CHARLAYNE HUNTER-GAULT: This case involved federal sentencing guidelines. It was brought by the two former Los Angeles police officers convicted of violating Rodney King’s civil rights in 1991. We begin this background report from Correspondent Jeffrey Kaye of KCET-Los Angeles.

JEFFREY KAYE: Los Angeles erupted in flames in 1992 after four police officers were acquitted in state court of unlawfully beating Rodney King. One year later, authorities braced for more disturbances as two of the officers were acquitted and two convicted on federal charges of violating King’s civil rights. The city remained calm but the case sparked a legal battle over the nation’s federal sentencing system. Lawrence Powell and Stacy Koon were sentenced to thirty months in prison, far short of the seventy to eighty-seven month range which prosecutors maintain were mandated by federal sentencing guidelines.

TERREE BOWERS, Former U.S. Attorney: (August 1993) The government argued vigorously for its position. We are disappointed by the downward departures imposed today.

MR. KAYE: While Koon and Powell served out their prison terms, prosecutors appealed. They argued and an appellate court agreed that the judge should have stuck to the guidelines, a set of rules which set sentences based on types of crimes and criminal records. Judge John Davies ruled that because this was a unique case, he could depart from the guidelines. Davies concluded King had provoked his own beating by refusing to comply with the officers’ orders and by trying to evade arrest. He also said that because their notoriety, Koon and Powell had suffered by losing their jobs and might undergo further punishment in prison by abusive inmates. Hoping to avoid more prison time, the former police officers took their case to the U.S. Supreme Court. Powell’s lawyer, William Kopeny, defends the judge’s decision.

WILLIAM KOPENY, Lawyer for Powell: What the judge focused on was their punishment would be harder, they would be–they would either have to be kept in protective custody, which would be much more difficult than being in a general population prison, or they would have to every day of their life, every minute of their life in prison, suffer the psychological concern of, “Am I going to be stabbed in the back?”.

MR. KAYE: But U.S. attorney Nora Manella argues that this was a typical police brutality case and no special dispensation should be allowed because of its notoriety.

NORA MANELLA, U.S. Attorney, Los Angeles: As to the fact that it was a notorious case, we certainly wouldn’t want to create a discount for people simply because their behavior was so offensive that it caused outrage throughout the entire world. As to the likelihood of additional punishment in prison, umm, again, we don’t create discounts for people whose offenses are so bad that they may even offend their fellow inmates.

MR. KAYE: But beyond the specifics of this case is the debate over how defendants are sentenced. The complex federal sentencing guidelines were established in 1987 by a commission created by Congress to reduce disparities in sentences for defendants with similar criminal records who commit similar crimes.
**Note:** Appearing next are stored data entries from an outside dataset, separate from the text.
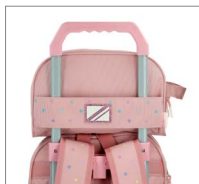

Ref. 67244
Necesar Adaptable Dos
Compartimentos /
Adaptable Two Com-
partments Beauty Case
26x16x12cm
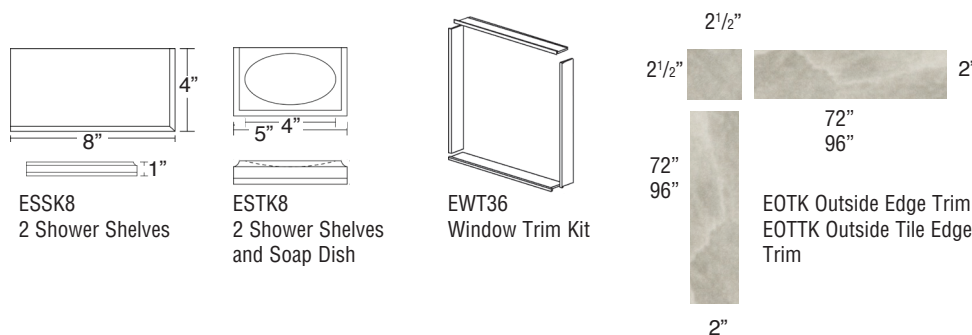

EST Seam Trim

Solid Surface Trim Kits

EFIM Flat Inside Corner Trim

Grab Bars

TSGB59

Solid Surface Kits

ESSK8
2 Shower Shelves

ESTK8
2 Shower Shelves
and Soap Dish
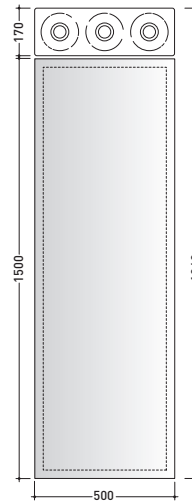

Make-up

design **PAOLA NAVONE**

2011

➔ **FLAMINIA.**

MKS50

Reversible mirror 150x50 cm (horizontal and vertical installation)

Complements: **Make-Up wall lamp** (MKLP)
Make-Up benches (MKP150 - MKP180)

Package dim. 158 x 57 x 7 cm | Weight 12 kg | Pz. Pallet n° -

CE

vista frontale / frontal view

vista laterale / lateral view

vista zenitale / zenital view

sizes in mm

Please consider a 2% tolerance on indicated measurements

<http://www.ceramicaflaminia.it/en/products/298-make-up>

vista frontale / frontal view
6pcs art. MKLP + art. MKS100

vista frontale / frontal view
3pcs art. MKLP + art. MKS100

vista frontale / frontal view
2pcs art. MKLP + art. MKS50

vista frontale / frontal view
1pcs art. MKLP + art. MKS50

vista frontale / frontal view
3pcs art. MKLP + art. MKS50

vista frontale / frontal view
2pcs art. MKLP + art. MKS501

vista frontale / frontal view
1pcs art. MKLP + art. MKS501

vista frontale / frontal view
2pcs art. MKLP + 2pcs art. MKS501

Since then, Congress has also passed additional laws establishing tough minimum sentences for particular crimes. Judges are allowed to go outside the guidelines in unusual cases, but many judges complain that too often, inflexible rules prevent them from evaluating cases on their merits.

MS. HUNTER-GAULT: Now for more on today’s decision from David Savage, legal reporter for the “Los Angeles Times.” David, tell us exactly what the court decided today.
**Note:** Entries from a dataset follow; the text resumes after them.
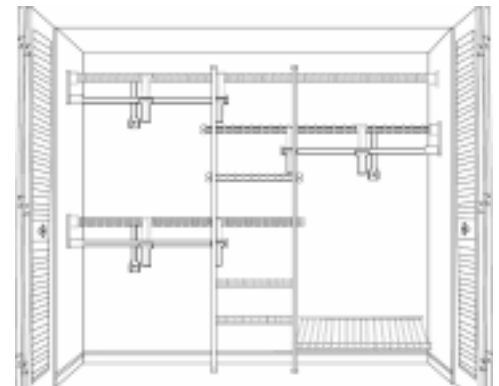

Call for a Custom Design!

(519) 471-6925

Designer Closets  
Creative Storage Solutions

Double Hang Reach-In

Single/Double Hang  
with Shoe Rack

Single/Double Hang with  
Center Stack and Shoe Rack

Standard Walk-In

Deluxe Walk-In

His and Hers Walk-In

Laundry Area

Garage Area

Pantry Area

Custom  
Design

Professional  
Installation

204 STRONACH CRESCENT LONDON ONTARIO N5V 3A1  
TEL: (519) 471-6925 FAX: (519) 471-8084
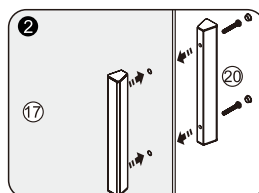

Installation / Montage / Монтаж

Elbe 74P04, Elbe 74P05, Elbe 74P12, Neime 19P04, Neime 19P05, Aisch 55P04, Aisch 55P05, Aisch 55P12

5

6

DAVID SAVAGE, Los Angeles Times: Well, it decided that a federal appeals court made a mistake when it insisted on a six or seven year prison term for these two Los Angeles officers. This was actually a victory for federal trial judges, as well as the two police officers because, as Jeffrey Kaye alluded to, there’s been this debate that’s been running for about 10 years now about how much authority judges have to sentence criminals in the federal system. In the old days, which is say pre 1985, if I had robbed a bank and come before you to be sentenced, the law would say something like you as a judge should sentence me to somewhere between say three years and thirty years. It would be almost your decision entirely.

MS. HUNTER-GAULT: Total judicial discretion.
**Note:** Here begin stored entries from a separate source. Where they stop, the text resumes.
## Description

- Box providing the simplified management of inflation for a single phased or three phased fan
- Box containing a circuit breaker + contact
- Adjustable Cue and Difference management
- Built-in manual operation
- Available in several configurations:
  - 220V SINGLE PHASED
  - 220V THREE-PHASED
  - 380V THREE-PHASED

MR. SAVAGE: That’s right. You could consider a number of factors. You know, had I committed an offense, or did I have a gun, or something like that. The problem with that system is one bank robber would get 10 years and another person would commit almost the same crime and get 25 years.

MS. HUNTER-GAULT: Because he went before a different judge.

MR. SAVAGE: A different judge. So Congress stepped in, said that they wanted more uniform sentences. They set up this elaborate set of sentencing guidelines where now you as the judge sort of look up in a book–you get a manual, and you say, well, bank robbery seventeen, he had a gun, that’s five, um, he did this once before, that’s two points. You get all these points and then the book says give this guy twelve years to thirteen and a half years. In other words, you have almost no discretion. So the question was, and I think that’s the reason the court took this case, they were not particularly–I think took it was because it was a notorious case–they were trying to resolve this issue of how much authority judges should have, and in general, they ruled, higher courts should defer to judges, we ought to give judges a little more leeway to make these decisions. Judge Davies in this case went through all the factors, said two and a half years, thirty months. The federal appeals court said, no, the strict–follow the guidelines, seven years. The Supreme Court said today, no, we, we go with the judge. The judges should have a little more leeway.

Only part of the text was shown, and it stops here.